Stored items:
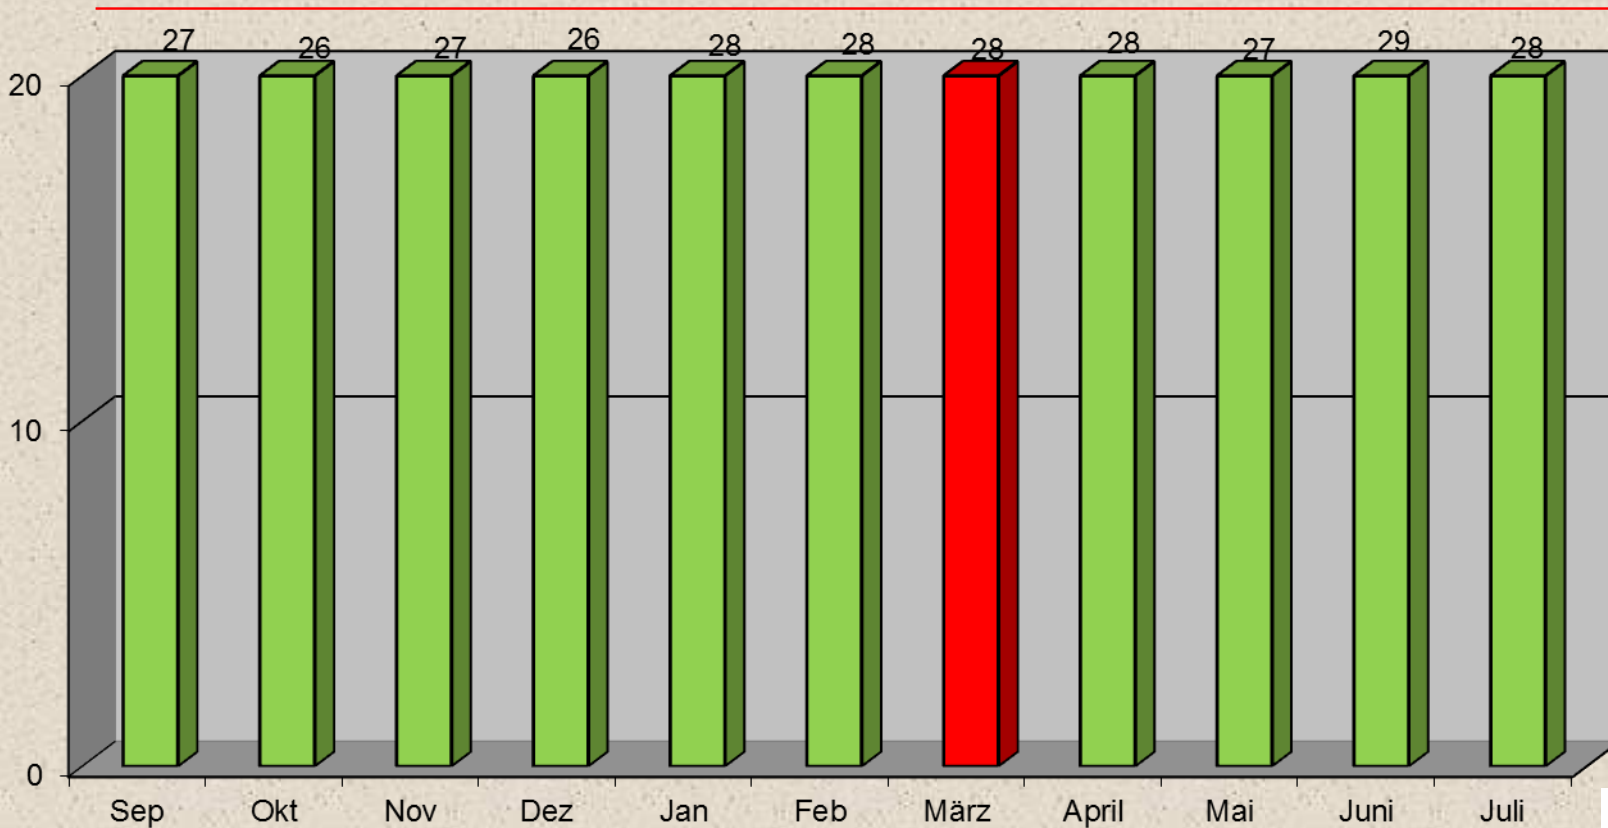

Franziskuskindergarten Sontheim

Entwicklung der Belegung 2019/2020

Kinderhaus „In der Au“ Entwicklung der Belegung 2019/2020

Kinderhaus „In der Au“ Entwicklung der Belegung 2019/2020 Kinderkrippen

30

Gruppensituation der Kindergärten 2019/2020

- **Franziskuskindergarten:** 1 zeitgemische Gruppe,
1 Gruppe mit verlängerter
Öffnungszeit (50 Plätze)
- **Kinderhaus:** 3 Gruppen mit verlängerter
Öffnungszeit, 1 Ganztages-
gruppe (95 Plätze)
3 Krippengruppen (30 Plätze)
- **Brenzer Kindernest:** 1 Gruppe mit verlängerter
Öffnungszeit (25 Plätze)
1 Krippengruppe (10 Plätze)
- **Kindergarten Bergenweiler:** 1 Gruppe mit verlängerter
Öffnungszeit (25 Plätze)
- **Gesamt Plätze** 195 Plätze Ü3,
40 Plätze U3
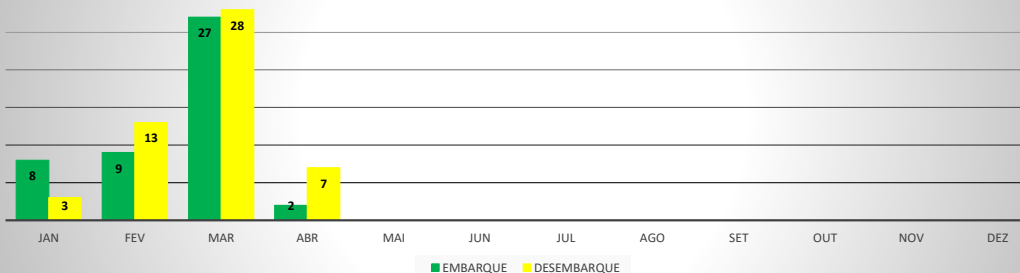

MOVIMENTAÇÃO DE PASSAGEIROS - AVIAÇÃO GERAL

--

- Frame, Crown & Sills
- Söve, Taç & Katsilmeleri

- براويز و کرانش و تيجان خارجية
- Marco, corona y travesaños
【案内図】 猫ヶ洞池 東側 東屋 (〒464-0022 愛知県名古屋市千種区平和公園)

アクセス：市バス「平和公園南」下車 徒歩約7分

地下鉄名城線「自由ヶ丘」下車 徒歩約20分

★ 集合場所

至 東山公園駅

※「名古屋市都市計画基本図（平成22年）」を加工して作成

WHAT THE EXERCISE ASKS: Given the entries above, transcribe exactly the lines from the one holding "Franziskuskindergarten Sontheim" through the one holding "MOVIMENTAÇÃO DE PASSAGEIROS - AVIAÇÃO GERAL"; pictures do not belong in the transcription.

SOLUTION:
Franziskuskindergarten Sontheim

Entwicklung der Belegung 2019/2020

Kinderhaus „In der Au“ Entwicklung der Belegung 2019/2020

Kinderhaus „In der Au“ Entwicklung der Belegung 2019/2020 Kinderkrippen

30

Gruppensituation der Kindergärten 2019/2020

- **Franziskuskindergarten:** 1 zeitgemische Gruppe,
1 Gruppe mit verlängerter
Öffnungszeit (50 Plätze)
- **Kinderhaus:** 3 Gruppen mit verlängerter
Öffnungszeit, 1 Ganztages-
gruppe (95 Plätze)
3 Krippengruppen (30 Plätze)
- **Brenzer Kindernest:** 1 Gruppe mit verlängerter
Öffnungszeit (25 Plätze)
1 Krippengruppe (10 Plätze)
- **Kindergarten Bergenweiler:** 1 Gruppe mit verlängerter
Öffnungszeit (25 Plätze)
- **Gesamt Plätze** 195 Plätze Ü3,
40 Plätze U3

MOVIMENTAÇÃO DE PASSAGEIROS - AVIAÇÃO GERAL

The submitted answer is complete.